BRIEF DESCRIPTION OF THE DRAWINGS

FIG. 1 is a pictorial representation of a network of data processing systems in which illustrative embodiments may be implemented;

FIG. 2 is a block diagram of a policy environment in accordance with an illustrative embodiment;

FIG. 3 is an illustration of decision-making for a robot moving along a cliff in accordance with an illustrative embodiment;

FIG. 4 is an illustration of scores for a robot traveling from a start point to an end point with respect to a cliff zone in accordance with an illustrative embodiment;

FIG. 5 is a flowchart of a process for generating a policy for risk sensitive decision-making in accordance with an illustrative embodiment;

FIG. 6 is a flowchart of a process for determining a policy for risk sensitive decision-making in accordance with an illustrative embodiment;

FIG. 7 is a flowchart of a process for determining current probabilistic discounted entropic risk measure values for the state and action pairs based on a risk factor in a recursive manner in accordance with an illustrative embodiment; and

FIG. 8 is a block diagram of a data processing system in accordance with an illustrative embodiment.

DETAILED DESCRIPTION

The present invention may be a system, a method, and/or a computer program product at any possible technical detail level of integration. The computer program product may include a computer readable storage medium (or media) having computer readable program instructions thereon for causing a processor to carry out aspects of the present invention.

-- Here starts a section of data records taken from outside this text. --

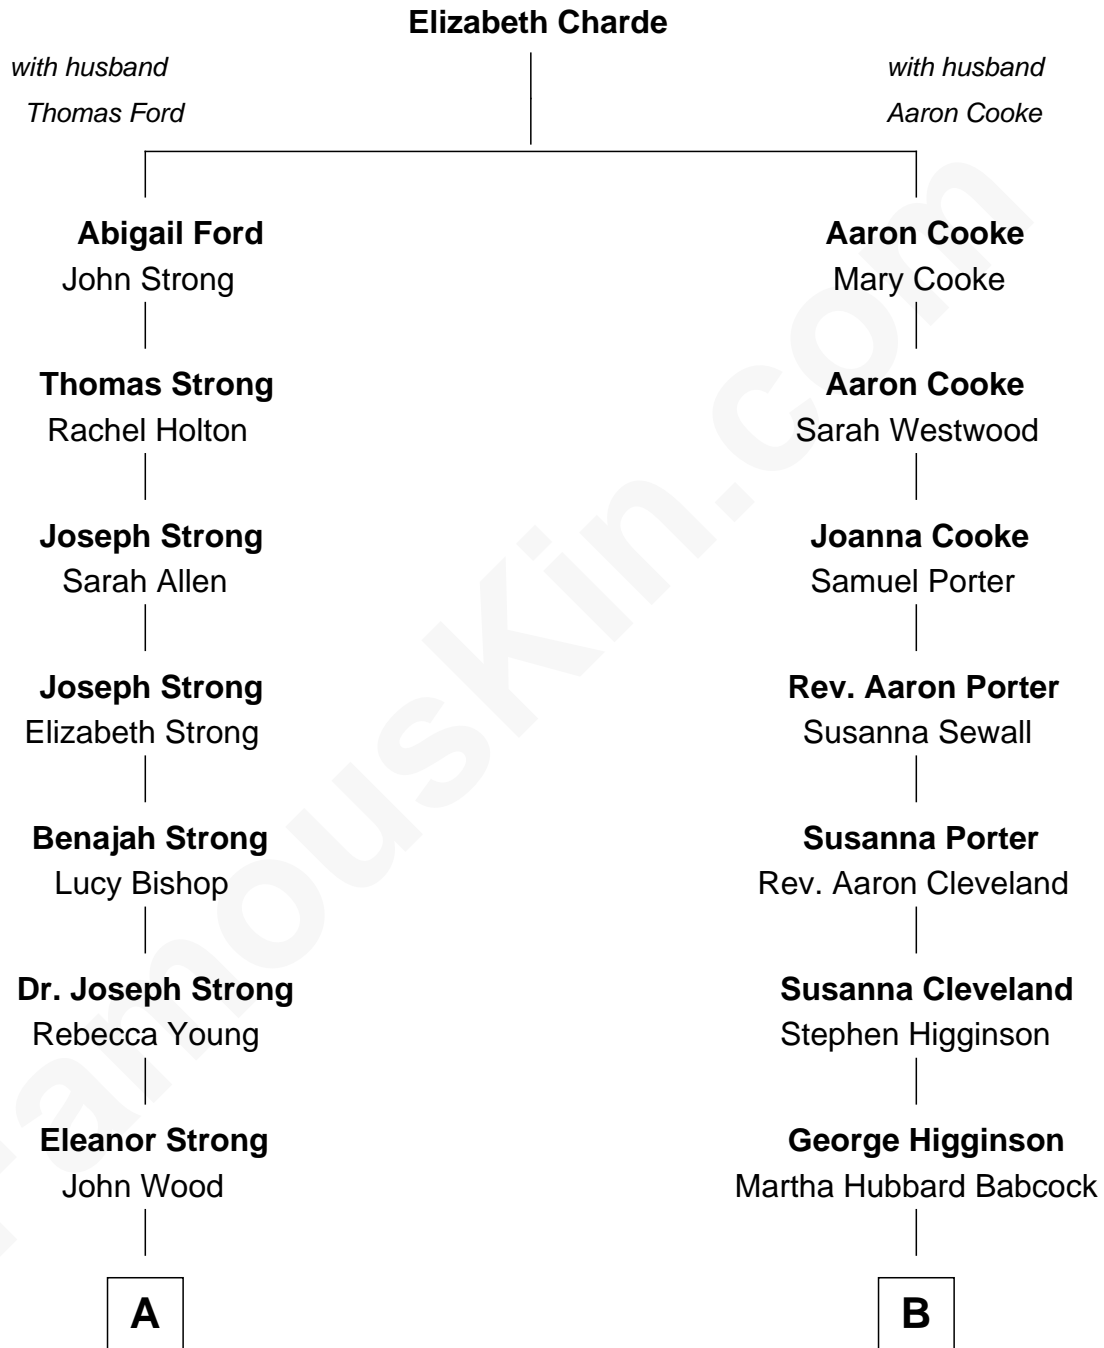

# FamousKin.com Relationship Chart of

**Prince Harry**  
*Duke of Sussex*

8th cousin 4 times removed of

**Henry Lee Higginson**

*Founder of the Boston Symphony Orchestra*

**A**

**Ellen Wood**  
Franklin H. Work

**Frances Eleanor Work**  
James Boothby Burke Roche

**Edmund Maurice Burke Roche**  
Ruth Sylvia Gill

**Frances Ruth Burke Roche**  
Edward John Spencer

**Princess Diana Frances Spencer**  
Charles III, King of the United Kingdom
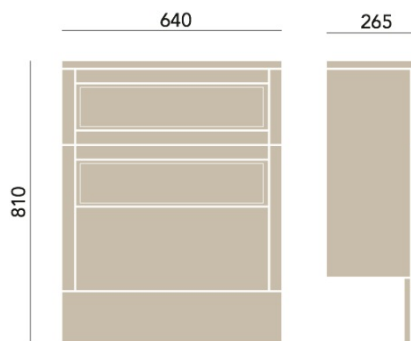

TECHNICAL DATA SHEET

HERITAGE[®] BATHROOMS

Caversham WC Unit (640)

Product Specification

Product Codes & Finishes:	KOA43 (Oak)
	KWA43 (White Ash)
	KOY43 (Oyster)
	KGR43 (Graphite)
Product Type:	KDG43 (Dove Grey)
	Classic
Dimensions:	810 (H) mm, 640 (W) mm, 265 (D) mm

White Ash finish pictured, WC sold separately

Additional Information

- Easy to clean and durable to withstand everyday use in a busy household
- Adjustable legs
- Worktops sold separately
- 2.5m x 200mm Height Continuous Plinth (KOY/KOA/KWA/KGR I I) available separately for easy under cabinet access
- Available in four colour options
- 5 Year Guarantee
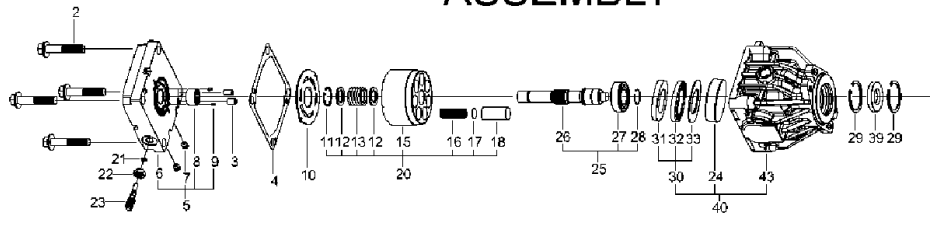

SPARE PARTS LIST

ACCESSORIES AND TOOLS

KTM23LB, 2013-10

KTM-23LB
 Ser. No. 0000001-Current
 Rev. 5-31-11

ACTUAL PARTS
 MAY NOT APPEAR
 AS SHOWN

MOTOR ASSEMBLY

Bolt Tightening Specs.

Bolt Size	Torque
M8	16~18 ft.lb. (21~24 N.m)
M10	33~47 ft.lb. (45~64 N.m)

TRANSMISSION

KTM23LB, 2013-10

Ref	Part no.	Description	Remark	Qty	Kit
97	585 46 36-01	WASHER		1	
98	585 45 71-01	PACKING		1	
99	585 45 74-01	BOLT		1	
101	535 40 28-08	BRAKE LEVER		1	
102	574 51 50-01	SPRING		1	
103	535 41 46-19	O-RING		1	
104	585 46 70-01	SHAFT		1	
105	535 40 28-16	PIN RETAINING SCREW		1	
106	535 41 49-22	PIN RETAINING SCREW		1	
107	535 41 46-51	WASHER		1	
108	585 45 77-01	BOLT		1	
109	585 46 71-01	PLATE		1	
110	585 46 69-01	DISC		1	
111	502 44 96-01	BRAKE ACTUATOR		1	
112	535 41 46-47	BRAKE SHOE		1	
113	535 41 46-49	SHIM		1

The computer readable storage medium can be a tangible device that can retain and store instructions for use by an instruction execution device. The computer readable storage medium may be, for example, but is not limited to, an electronic storage device, a magnetic storage device, an optical storage device, an electromagnetic storage device, a semiconductor storage device, or any suitable combination of the foregoing. A non-exhaustive list of more specific examples of the computer readable storage medium includes the following: a portable computer diskette, a hard disk, a random access memory (RAM), a read-only memory (ROM), an erasable programmable read-only memory (EPROM or Flash memory), a static random access memory (SRAM), a portable compact disc read-only memory (CD-ROM), a digital versatile disk (DVD), a memory stick, a floppy disk, a mechanically encoded device such as punch-cards or raised structures in a groove having instructions recorded thereon, and any suitable combination of the foregoing. A computer readable storage medium, as used herein, is not to be construed as being transitory signals per se, such as radio waves or other freely propagating electromagnetic waves, electromagnetic waves propagating through a waveguide or other transmission media (e.g., light pulses passing through a fiber-optic cable), or electrical signals transmitted through a wire.

Computer readable program instructions described herein can be downloaded to respective computing/processing devices from a computer readable storage medium or to an external computer or external storage device via a network, for example, the Internet, a local area network, a wide area network and/or a wireless network. The network may comprise copper transmission cables, optical transmission fibers, wireless transmission, routers, firewalls, switches, gateway computers and/or edge servers. A network adapter card or network interface in each computing/processing device receives computer readable program instructions from the network and forwards the computer readable program instructions for storage in a computer readable storage medium within the respective computing/processing device.

Computer readable program instructions for carrying out operations of the present invention may be assembler instructions, instruction-set-architecture (ISA) instructions, machine instructions, machine dependent instructions, microcode, firmware instructions, state-setting data, configuration data for integrated circuitry, or either source code or object code written in any combination of one or more programming languages, including an object oriented programming language such as Smalltalk, C++, or the like, and procedural programming languages, such as the “C” programming language or similar programming languages. The computer readable program instructions may execute entirely on the user's computer, partly on the user's computer, as a stand-alone software package, partly on the user's computer and partly on a remote computer or entirely on the remote computer or server. In the latter scenario, the remote computer may be connected to the user's computer through any type of network, including a local area network (LAN) or a wide area network (WAN), or the connection may be made to an external computer (for example, through the Internet using an Internet Service Provider). In some embodiments, electronic circuitry including, for example, programmable logic circuitry, field-programmable gate arrays (FPGA), or programmable logic arrays (PLA) may execute the computer readable program instructions by utilizing state information of the computer readable program instructions to personalize the electronic circuitry, in order to perform aspects of the present invention.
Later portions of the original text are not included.